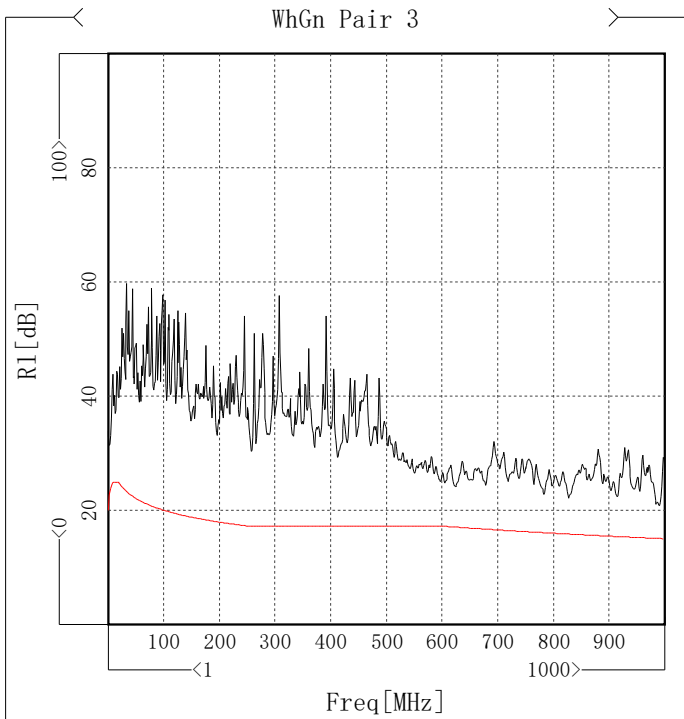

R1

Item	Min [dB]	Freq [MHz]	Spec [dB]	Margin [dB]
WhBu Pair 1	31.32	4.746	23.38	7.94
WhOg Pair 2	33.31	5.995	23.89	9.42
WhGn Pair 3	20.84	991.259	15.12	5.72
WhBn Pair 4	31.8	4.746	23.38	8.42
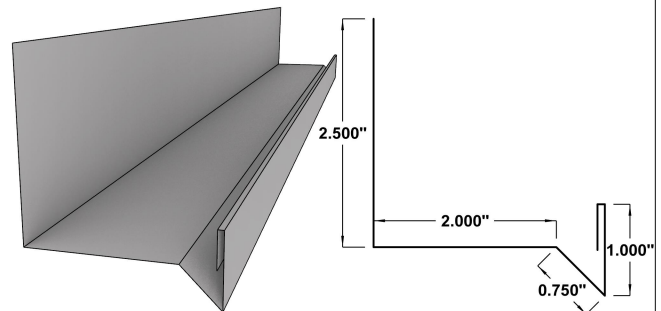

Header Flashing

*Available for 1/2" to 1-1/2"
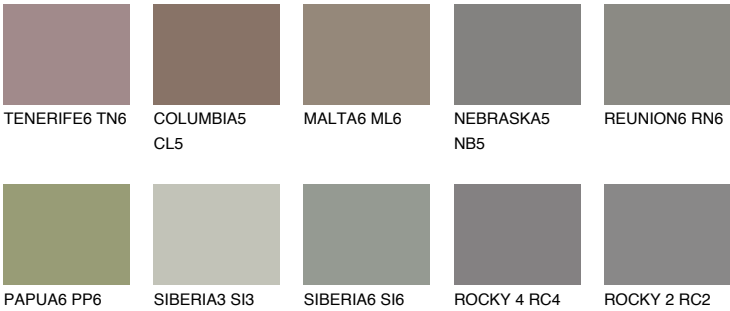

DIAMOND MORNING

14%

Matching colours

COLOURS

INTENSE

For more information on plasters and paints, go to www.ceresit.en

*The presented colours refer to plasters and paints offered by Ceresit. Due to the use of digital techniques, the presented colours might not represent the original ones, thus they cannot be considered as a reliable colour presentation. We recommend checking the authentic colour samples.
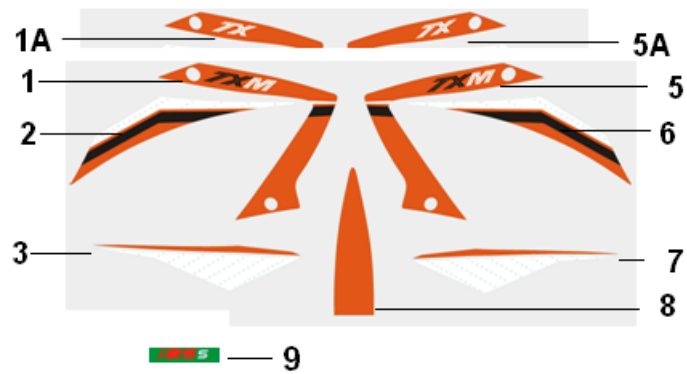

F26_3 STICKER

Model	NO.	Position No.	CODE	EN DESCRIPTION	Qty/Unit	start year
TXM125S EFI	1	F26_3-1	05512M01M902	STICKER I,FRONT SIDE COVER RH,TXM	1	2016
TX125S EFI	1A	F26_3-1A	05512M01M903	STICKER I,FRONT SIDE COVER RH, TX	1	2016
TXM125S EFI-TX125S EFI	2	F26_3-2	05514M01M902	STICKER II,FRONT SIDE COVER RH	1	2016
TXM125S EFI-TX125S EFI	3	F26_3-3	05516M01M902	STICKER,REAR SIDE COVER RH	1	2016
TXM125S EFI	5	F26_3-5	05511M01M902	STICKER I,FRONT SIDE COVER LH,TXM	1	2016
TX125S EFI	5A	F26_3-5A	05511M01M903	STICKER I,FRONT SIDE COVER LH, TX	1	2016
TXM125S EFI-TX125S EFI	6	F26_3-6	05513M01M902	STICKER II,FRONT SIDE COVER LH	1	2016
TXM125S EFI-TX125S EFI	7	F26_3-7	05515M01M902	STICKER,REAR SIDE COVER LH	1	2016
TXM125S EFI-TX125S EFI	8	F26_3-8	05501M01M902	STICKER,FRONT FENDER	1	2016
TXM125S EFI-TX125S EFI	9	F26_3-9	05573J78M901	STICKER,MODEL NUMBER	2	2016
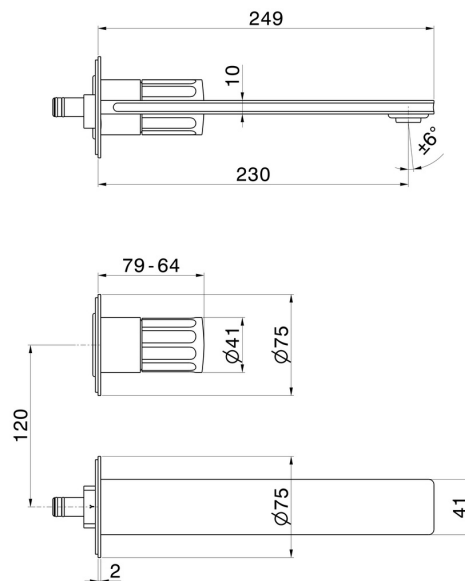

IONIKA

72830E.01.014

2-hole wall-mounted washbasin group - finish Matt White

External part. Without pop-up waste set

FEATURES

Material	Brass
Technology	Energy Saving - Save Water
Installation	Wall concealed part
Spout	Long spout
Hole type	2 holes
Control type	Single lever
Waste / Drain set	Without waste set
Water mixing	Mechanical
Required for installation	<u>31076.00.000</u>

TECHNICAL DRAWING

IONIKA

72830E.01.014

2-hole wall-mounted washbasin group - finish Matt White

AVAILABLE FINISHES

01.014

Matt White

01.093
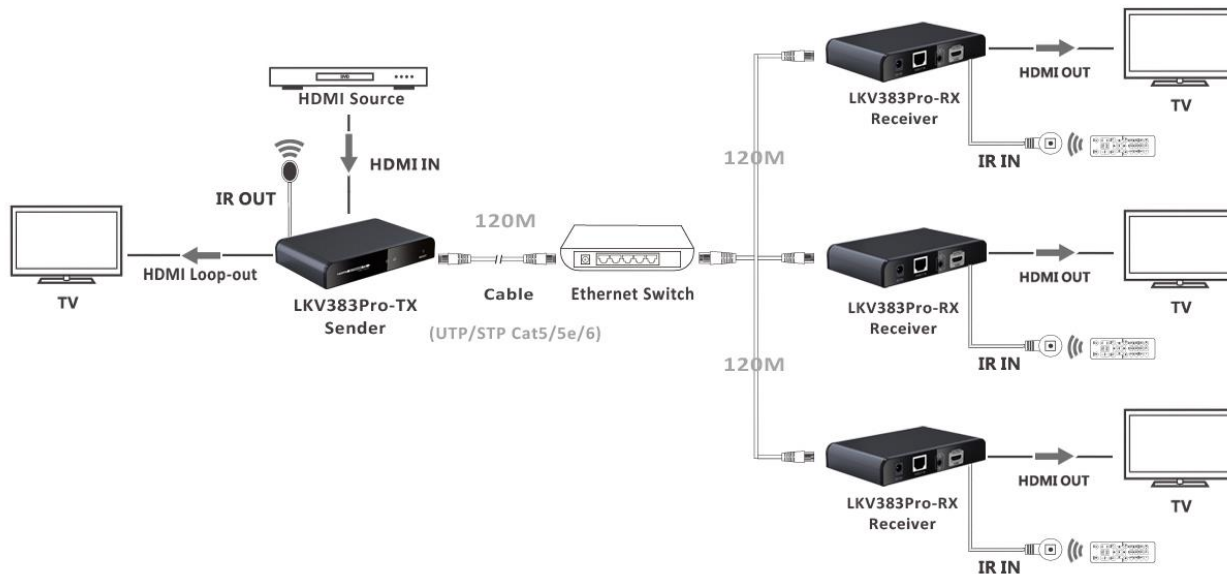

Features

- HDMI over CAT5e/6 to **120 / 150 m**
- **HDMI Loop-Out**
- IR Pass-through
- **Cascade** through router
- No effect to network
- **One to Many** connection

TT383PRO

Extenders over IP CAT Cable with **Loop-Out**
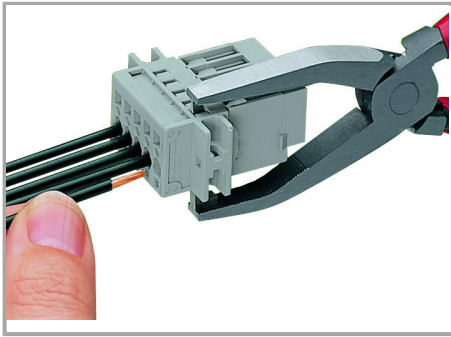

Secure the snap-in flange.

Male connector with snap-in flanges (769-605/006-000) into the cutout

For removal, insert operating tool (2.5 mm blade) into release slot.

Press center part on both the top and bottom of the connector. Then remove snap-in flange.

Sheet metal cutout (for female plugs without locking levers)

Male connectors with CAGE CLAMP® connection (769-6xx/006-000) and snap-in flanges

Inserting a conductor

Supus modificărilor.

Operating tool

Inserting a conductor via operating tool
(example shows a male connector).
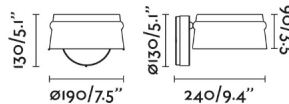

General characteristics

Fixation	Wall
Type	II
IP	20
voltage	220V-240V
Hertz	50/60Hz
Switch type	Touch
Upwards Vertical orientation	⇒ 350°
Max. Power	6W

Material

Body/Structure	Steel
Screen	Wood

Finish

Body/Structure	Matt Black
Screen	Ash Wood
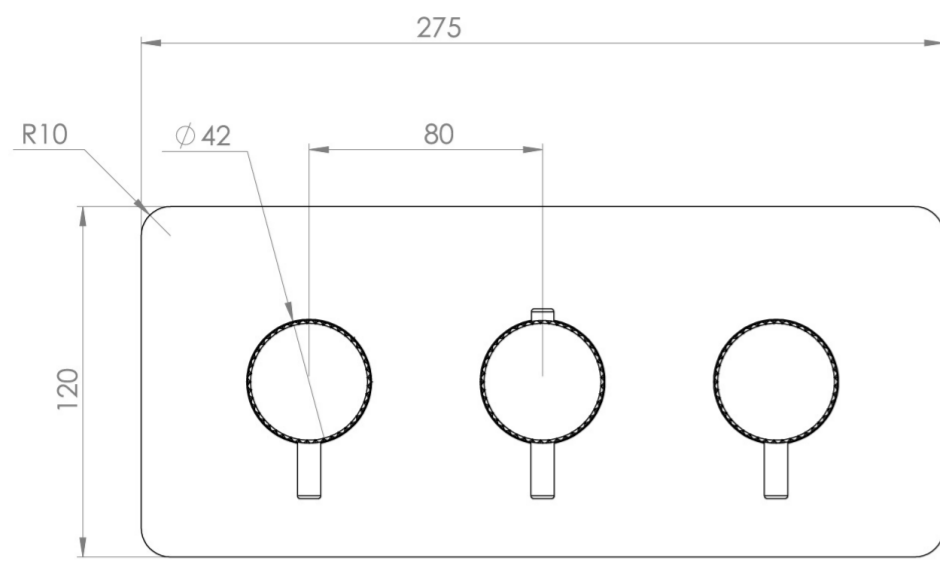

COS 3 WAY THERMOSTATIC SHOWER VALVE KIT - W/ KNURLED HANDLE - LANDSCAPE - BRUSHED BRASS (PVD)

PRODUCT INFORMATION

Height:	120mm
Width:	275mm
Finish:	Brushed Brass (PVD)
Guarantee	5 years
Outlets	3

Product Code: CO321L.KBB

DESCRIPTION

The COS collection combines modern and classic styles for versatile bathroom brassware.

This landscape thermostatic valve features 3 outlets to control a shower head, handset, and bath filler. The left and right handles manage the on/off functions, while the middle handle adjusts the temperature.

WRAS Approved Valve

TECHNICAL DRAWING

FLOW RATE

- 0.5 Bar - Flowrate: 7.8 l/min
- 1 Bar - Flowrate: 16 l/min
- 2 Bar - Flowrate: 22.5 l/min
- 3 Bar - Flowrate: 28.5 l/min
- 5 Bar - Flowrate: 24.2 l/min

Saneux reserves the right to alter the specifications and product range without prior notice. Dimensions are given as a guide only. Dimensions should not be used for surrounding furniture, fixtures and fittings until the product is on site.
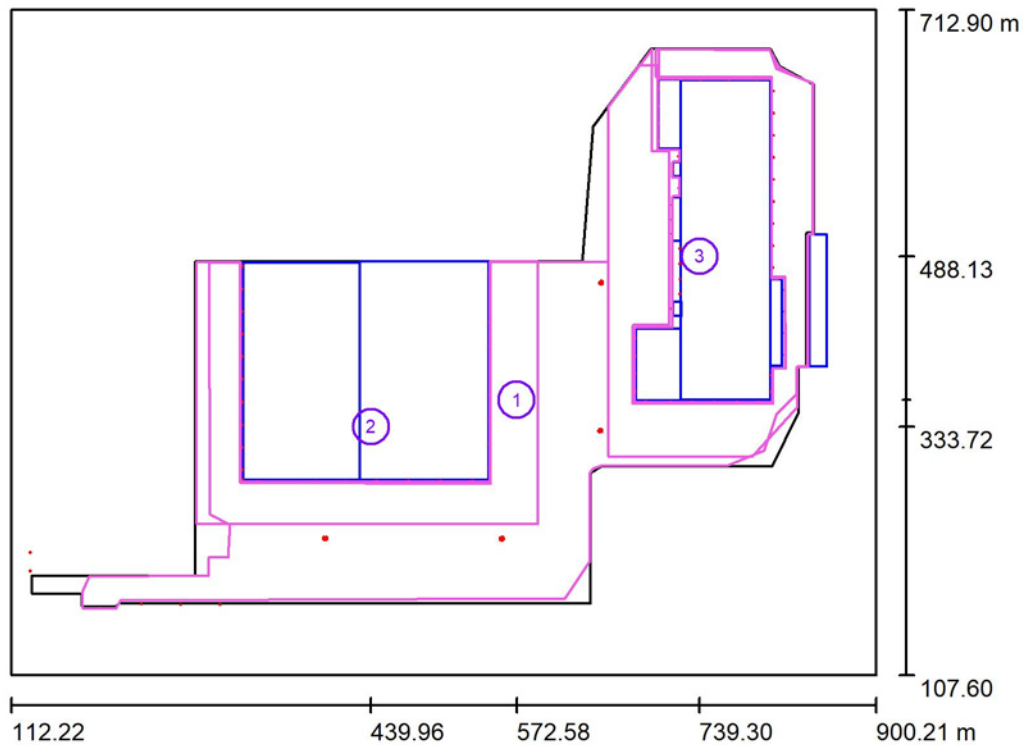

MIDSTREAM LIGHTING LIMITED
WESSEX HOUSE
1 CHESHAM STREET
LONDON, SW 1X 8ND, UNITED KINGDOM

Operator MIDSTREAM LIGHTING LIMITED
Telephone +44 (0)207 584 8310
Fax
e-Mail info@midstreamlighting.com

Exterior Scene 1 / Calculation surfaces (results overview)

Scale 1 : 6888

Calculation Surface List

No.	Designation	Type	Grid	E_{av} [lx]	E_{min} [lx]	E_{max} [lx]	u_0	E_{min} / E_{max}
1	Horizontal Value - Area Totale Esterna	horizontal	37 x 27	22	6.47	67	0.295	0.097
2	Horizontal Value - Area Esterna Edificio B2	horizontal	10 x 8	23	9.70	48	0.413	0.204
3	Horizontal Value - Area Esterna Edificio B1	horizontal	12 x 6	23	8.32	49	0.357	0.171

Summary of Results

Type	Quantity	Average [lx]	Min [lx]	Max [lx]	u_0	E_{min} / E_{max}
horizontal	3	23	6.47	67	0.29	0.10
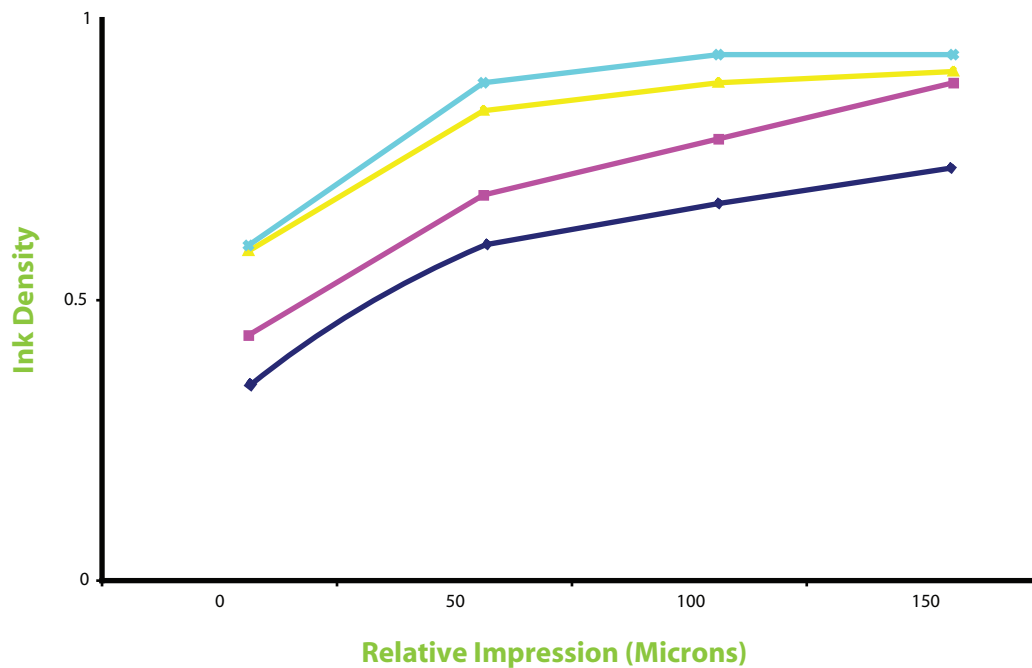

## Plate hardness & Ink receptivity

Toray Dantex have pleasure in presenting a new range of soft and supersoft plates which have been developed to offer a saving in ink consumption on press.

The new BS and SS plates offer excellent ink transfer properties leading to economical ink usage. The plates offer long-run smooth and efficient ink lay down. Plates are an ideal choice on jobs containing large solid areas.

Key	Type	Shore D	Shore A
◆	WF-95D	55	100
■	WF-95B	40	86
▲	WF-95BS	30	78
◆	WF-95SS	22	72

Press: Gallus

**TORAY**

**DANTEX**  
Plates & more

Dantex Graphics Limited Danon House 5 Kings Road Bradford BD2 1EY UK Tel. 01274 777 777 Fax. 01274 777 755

**Requirement**.
The answer must be the lines from the one containing "## Plate hardness & Ink receptivity" through the last line of the records, written out exactly; please include nothing more.

**Exercise answer**.
## Plate hardness & Ink receptivity

Toray Dantex have pleasure in presenting a new range of soft and supersoft plates which have been developed to offer a saving in ink consumption on press.

The new BS and SS plates offer excellent ink transfer properties leading to economical ink usage. The plates offer long-run smooth and efficient ink lay down. Plates are an ideal choice on jobs containing large solid areas.

Key	Type	Shore D	Shore A
◆	WF-95D	55	100
■	WF-95B	40	86
▲	WF-95BS	30	78
◆	WF-95SS	22	72

Press: Gallus

**TORAY**

**DANTEX**  
Plates & more

Dantex Graphics Limited Danon House 5 Kings Road Bradford BD2 1EY UK Tel. 01274 777 777 Fax. 01274 777 755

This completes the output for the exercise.